だが、地上に出てきた人達は機体や戦艦を見つけた途端助けを求め一斉に走り始めた。

何時しか地響きは止み、今では人間達の悲鳴と助けを求める声で一杯になっていた。

余程地下で恐ろしい目にあったのだろう、人々は我先にと走り始めると機体や艦を囲み助けを求めて声を荒げる。

気がつけば完全に囲まれてしまう。

機体が一歩でも足を動かせば容易く人を踏み潰してしまう程の数に、戦艦もまた同じで前進や後進も行えずその場から動く事が出来ない。
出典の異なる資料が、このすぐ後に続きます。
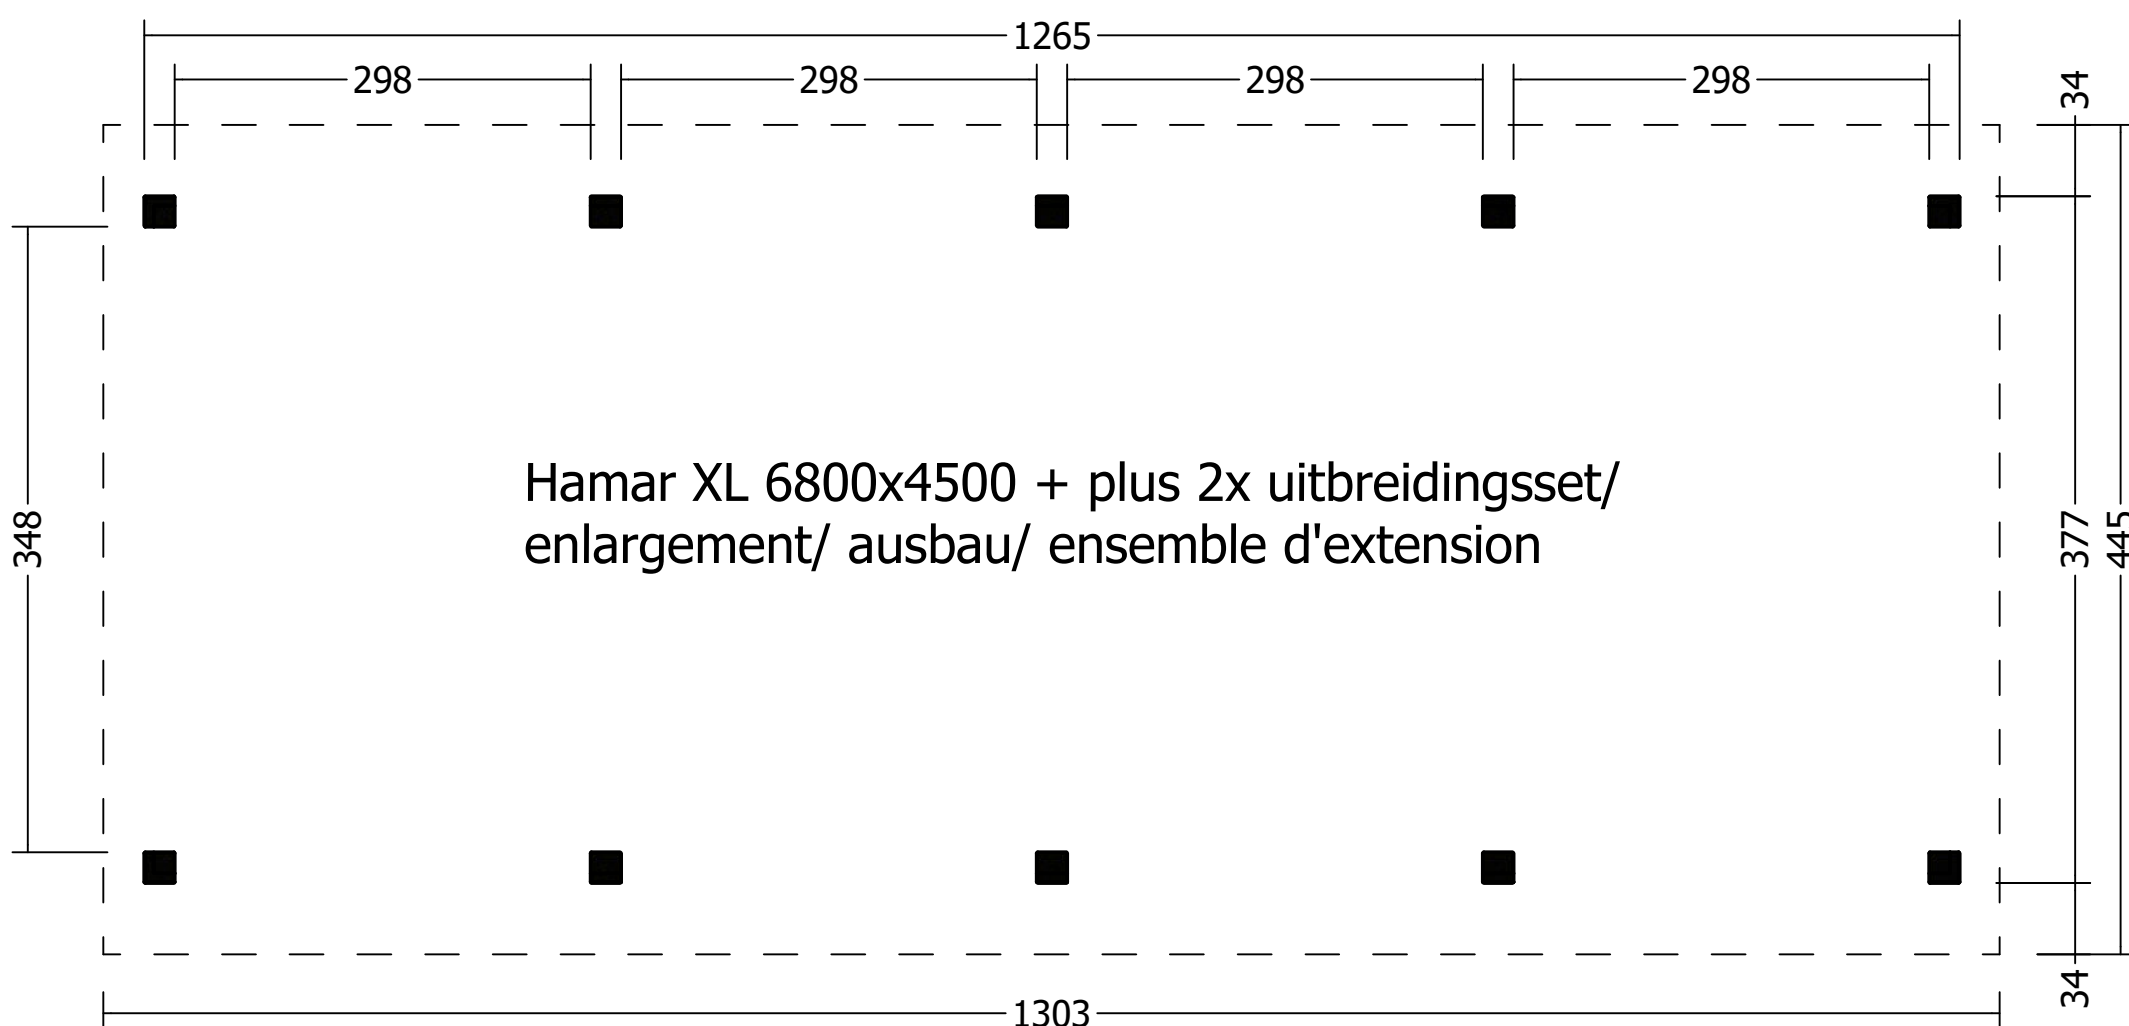

E2=16x140x2456 (4x)

Optie 2 / Option 2:  
18x165x4908 (30x)  
18x165x1783 (30x)

T1=6x160 (70x)

T2=6x100 (26x)

S1=6x160 (28x)

S2=6x100 (34x)

S3=6x60 (62x)

S4=5x40 (670x)

SP1=Ø6 (1x)

SP2=Ø20 (1x)

SP3=Ø3.5 (1x)

TX 25/30 (1x)

1.

2.

Beton/Concrete

Montagehandleiding / Assembly instructions /  
 Montageanleitung / Les instructions d'installation  
 42.7925 - Zadeldak Hamar XL 6800x4500x3600mm (bxdxh)

1.

Montagehandleiding / Assembly instructions /  
Montageanleitung / Les instructions d'installation  
42.7925 - Zadeldak Hamar XL 6800x4500x3600mm (bxdxh)

Montagehandleiding / Assembly instructions /  
 Montageanleitung / Les instructions d'installation  
 42.7925 - Zadeldak Hamar XL 6800x4500x3600mm (bxdxh)

「何を躊躇ってる!?そいつ等が人間な訳がねえだろ!どうせERRORの策略、さっさとELBとELAを出してこの場から退けッ!」

『しかし、彼等が本当にERRORかどうかは精密検査をしてみなければ分かりません。それにレーダーには全員人間の反応を示しています!少しでも多くの人達を救助しなければ……!?』

人々の助けを求める声、そして悲鳴が一段と増したのを感じた唯。

艦の周りにいる人達に紛れ人間の姿には程遠い化物が出現し始めたのだ。

化物は赤い液体を辺りに飛ばしその液体に触れた人間達は次々に形を変えて醜い化物に成り果てていく。

その様子を見ていた唯は少しでも多くの人達を助けようと戦艦の扉を開けるよう指示を出そうとした時、魔神が艦の前に現れると片っ端から地上にいる人間を化物諸共黒剣で薙ぎ払い、踏み潰していく。

『っ!……』

ERRORの血だけではない、人間の血で汚れていく魔神を見て唯は思わず息を呑む。

助けを求める人達は機体の足にしがみ付き、昇り始めようとすらしているが、魔神はそんな人間を掴み引き離すと躊躇い無く地面に叩き付けた。

「有象無象のゴミ共がッ……例え人間だろうが一歩でも艦に近づけば全員殺す。俺達はお前達を救いに来た訳じゃねえ、ERROR共を皆殺しに来たんだからなぁ」

地下でERRORの恐怖に支配された人達が、地上では一体の魔神の恐怖に飲み込まれてしまう。

だが、回りには次々に化物に変えられている人達がいるのだ。甲斐斗の話しを聞いても尚助けを求め人々は戦艦に乗せてもらおうと近づき始める。

「唯!早く艦を撤退させろ!」

『う……わかりましたっ……!各員、ELBとELAを射出次第撤退します!』

戦艦上部のハッチを開けELAのパーツとELBを射出、ELAは戦場の中心にまで自動的に飛び合体していくと巨大な円形の装置が完成し緑色の光を発しながら回転を始め、巨大な穴を形成しながら地下深くにまで下りていく。

後は艦隊がこの場から撤退するだけ───その場に留まる全ての戦艦が後退しようとした瞬間、再び地響きが鳴ると次々に艦隊に何かがぶつかったような衝撃が伝わっていく。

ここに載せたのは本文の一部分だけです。